- [Work to be completed]: Look over the material below and count the lines that include "Discontinued". Give only the total.

--------------------------------------------------

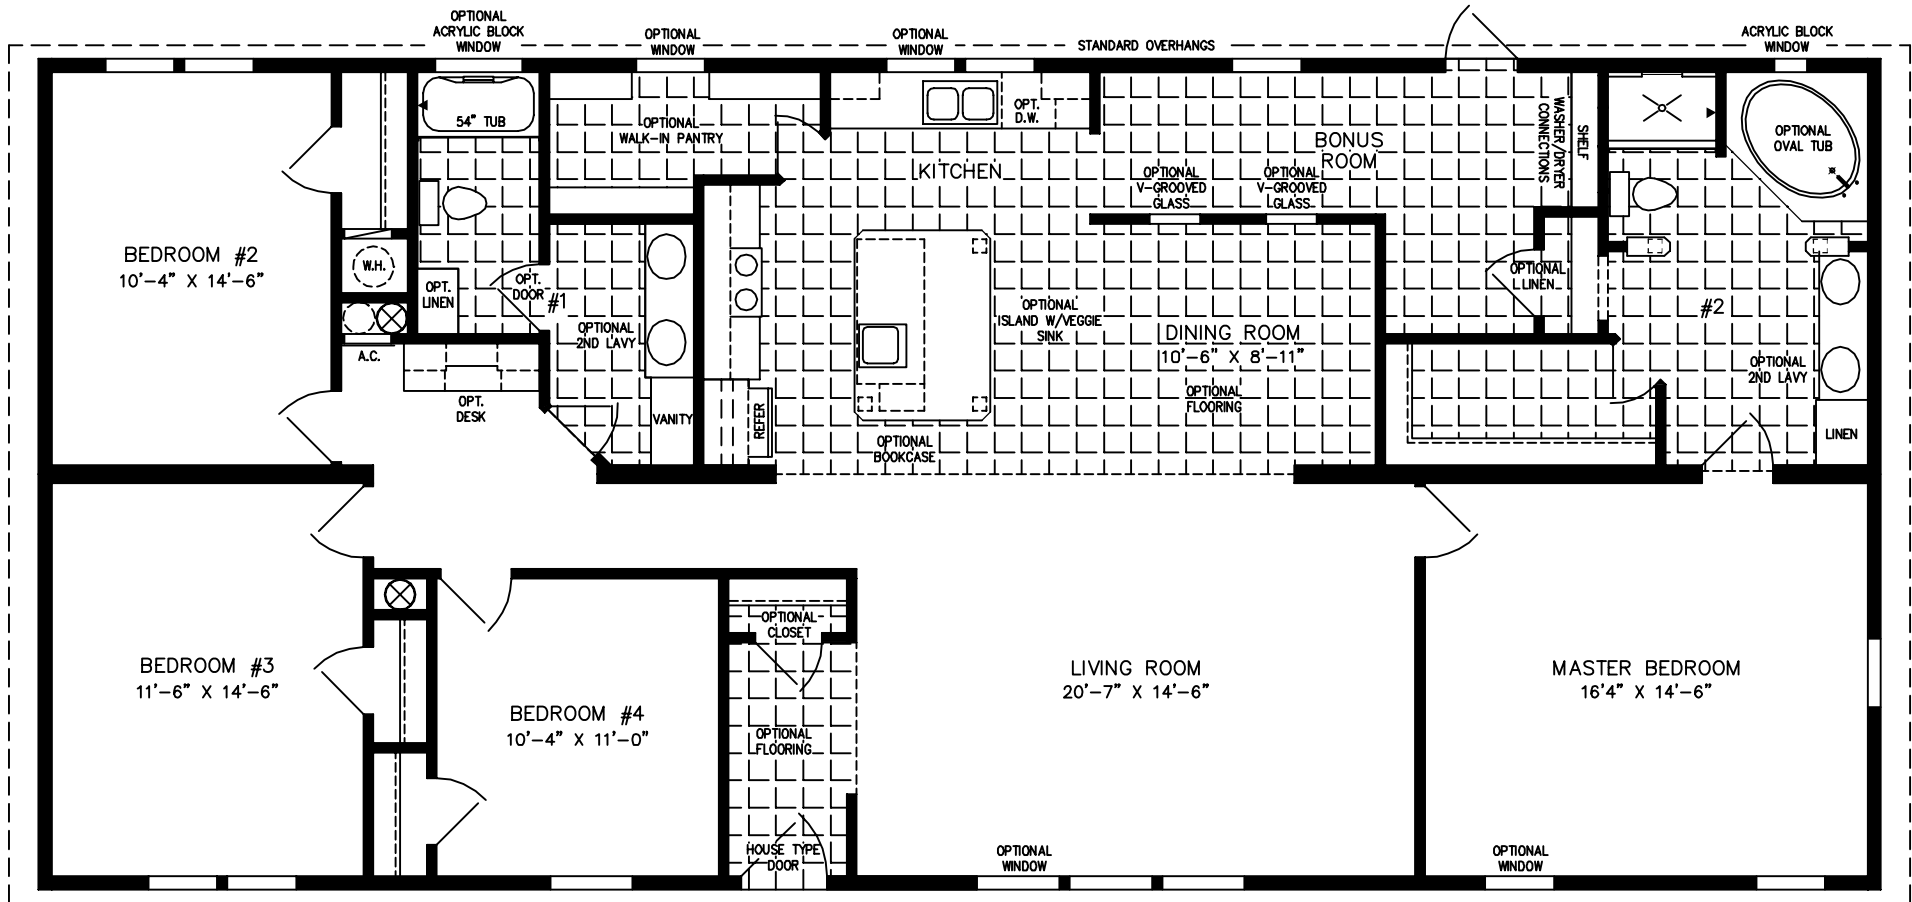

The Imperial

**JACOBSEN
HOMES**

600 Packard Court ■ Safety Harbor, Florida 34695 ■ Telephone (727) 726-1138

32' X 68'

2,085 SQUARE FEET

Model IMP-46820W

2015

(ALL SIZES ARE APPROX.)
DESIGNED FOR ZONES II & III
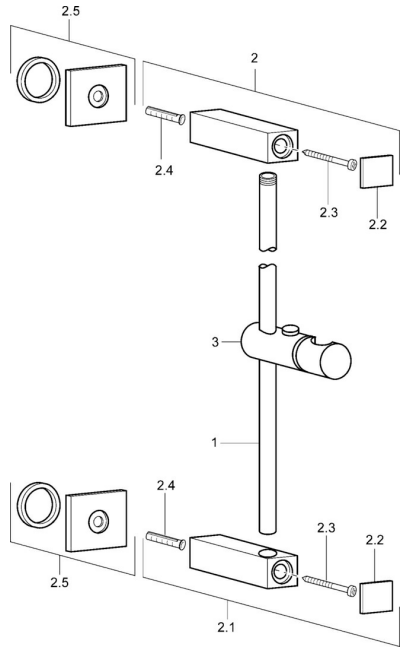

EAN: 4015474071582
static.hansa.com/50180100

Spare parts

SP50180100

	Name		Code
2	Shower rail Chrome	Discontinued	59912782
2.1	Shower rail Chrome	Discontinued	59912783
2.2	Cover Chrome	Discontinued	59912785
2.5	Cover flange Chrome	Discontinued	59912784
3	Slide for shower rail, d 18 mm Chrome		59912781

--------------------------------------------------

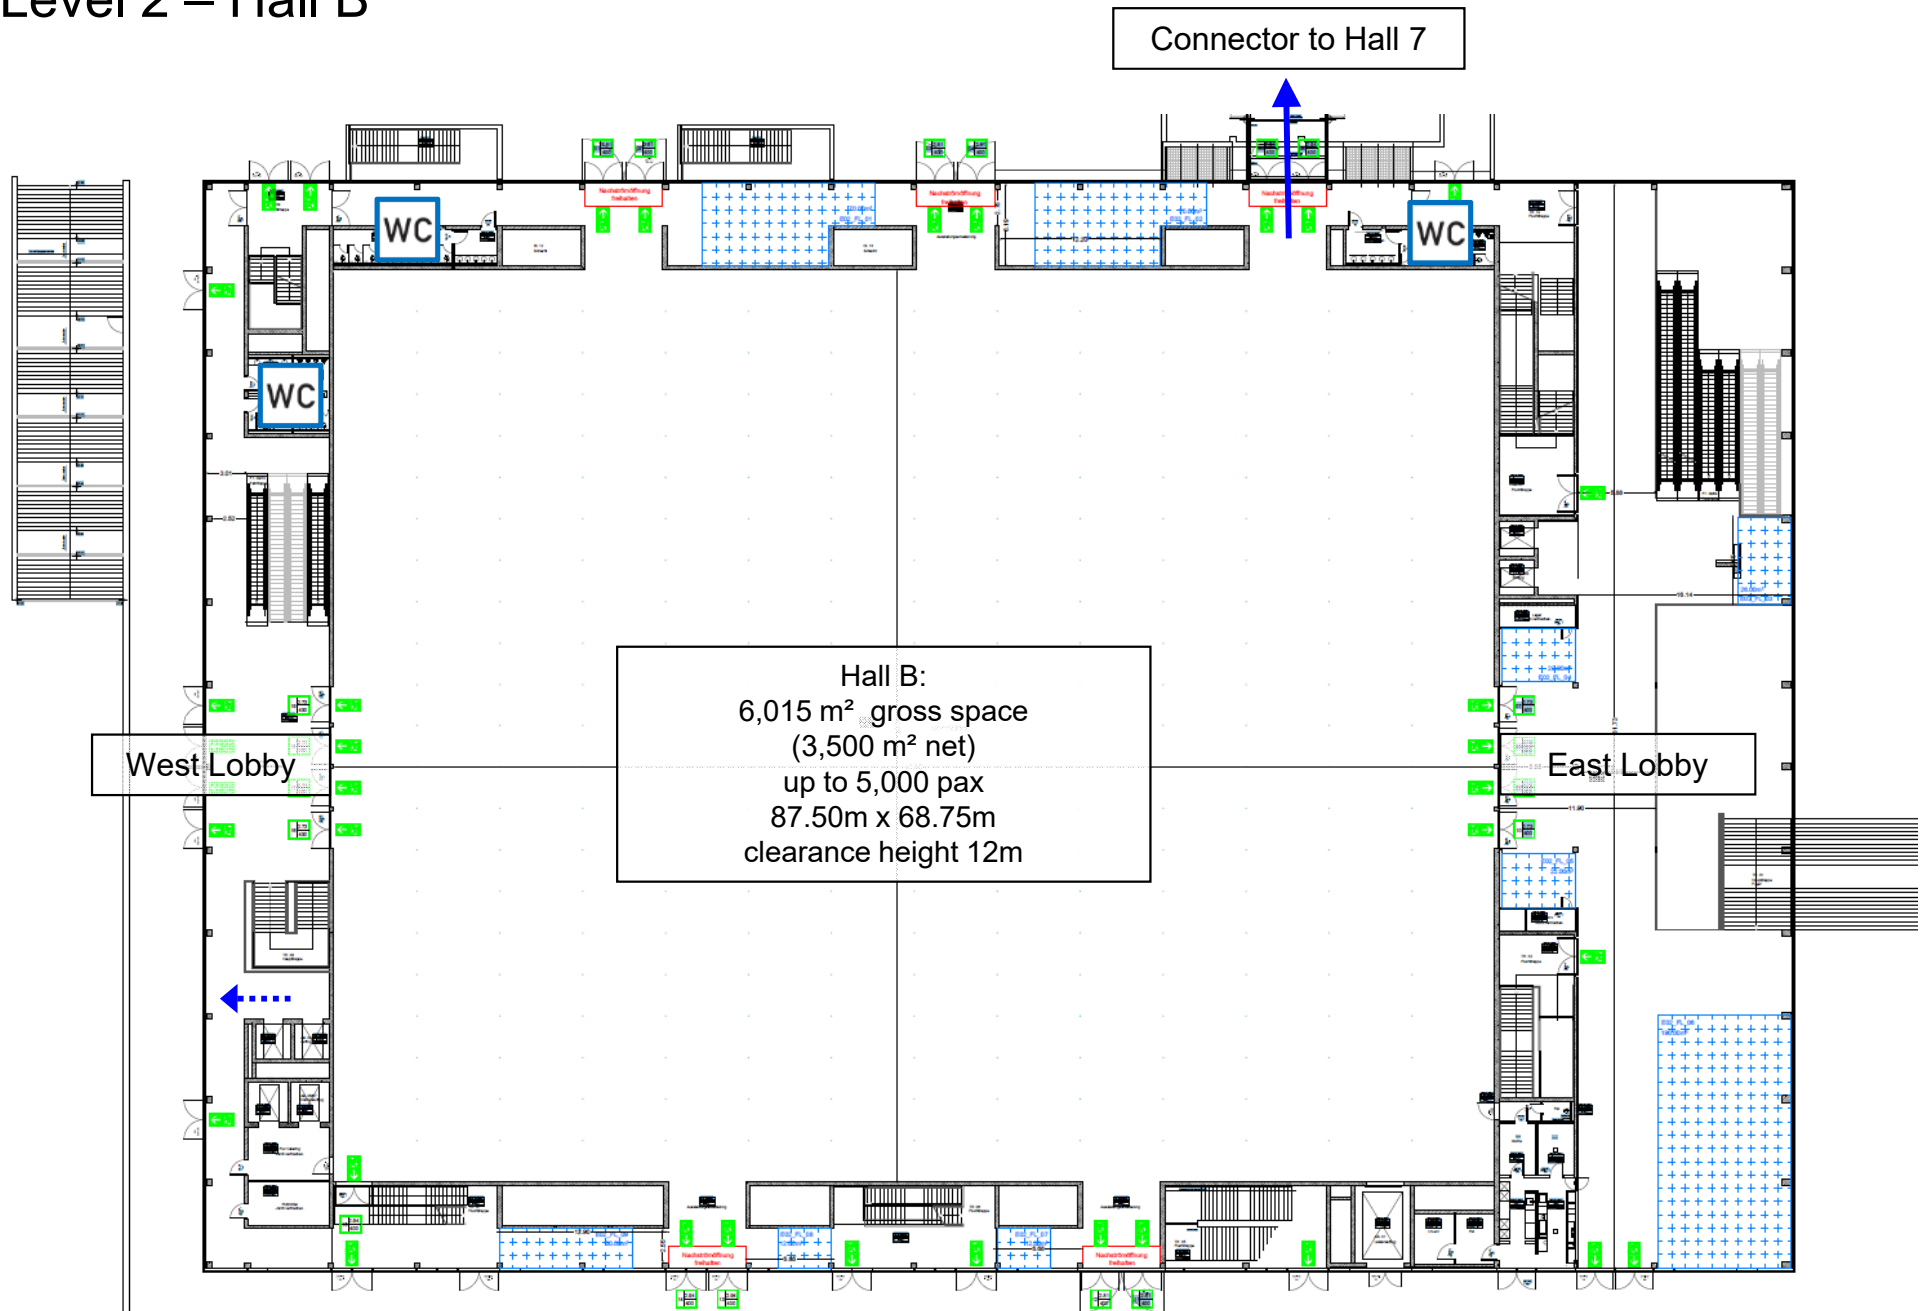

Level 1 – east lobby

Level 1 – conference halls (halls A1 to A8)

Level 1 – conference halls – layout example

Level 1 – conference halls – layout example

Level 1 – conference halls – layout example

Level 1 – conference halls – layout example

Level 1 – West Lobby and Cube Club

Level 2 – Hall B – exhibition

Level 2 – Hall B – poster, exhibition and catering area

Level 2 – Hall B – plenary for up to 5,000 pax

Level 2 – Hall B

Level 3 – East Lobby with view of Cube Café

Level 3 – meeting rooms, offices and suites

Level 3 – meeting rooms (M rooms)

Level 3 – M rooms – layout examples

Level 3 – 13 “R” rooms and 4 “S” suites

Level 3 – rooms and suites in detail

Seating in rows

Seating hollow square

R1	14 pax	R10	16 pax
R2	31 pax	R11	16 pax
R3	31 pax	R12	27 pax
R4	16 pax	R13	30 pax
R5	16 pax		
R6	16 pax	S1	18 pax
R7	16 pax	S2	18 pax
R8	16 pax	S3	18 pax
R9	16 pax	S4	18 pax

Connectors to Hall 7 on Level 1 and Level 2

--------------------------------------------------

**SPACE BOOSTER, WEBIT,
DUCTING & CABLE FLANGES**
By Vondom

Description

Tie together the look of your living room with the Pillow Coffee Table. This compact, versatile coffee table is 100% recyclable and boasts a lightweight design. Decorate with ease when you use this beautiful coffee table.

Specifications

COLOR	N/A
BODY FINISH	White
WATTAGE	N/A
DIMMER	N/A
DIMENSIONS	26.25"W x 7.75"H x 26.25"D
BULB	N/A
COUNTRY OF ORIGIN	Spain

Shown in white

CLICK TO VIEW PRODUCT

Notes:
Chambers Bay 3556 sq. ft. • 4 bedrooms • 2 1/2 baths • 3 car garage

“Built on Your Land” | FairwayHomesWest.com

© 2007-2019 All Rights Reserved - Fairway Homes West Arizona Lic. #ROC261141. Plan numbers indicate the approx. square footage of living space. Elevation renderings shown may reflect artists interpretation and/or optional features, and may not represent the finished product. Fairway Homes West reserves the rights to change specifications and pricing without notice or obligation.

--------------------------------------------------

- [Answer below]: 4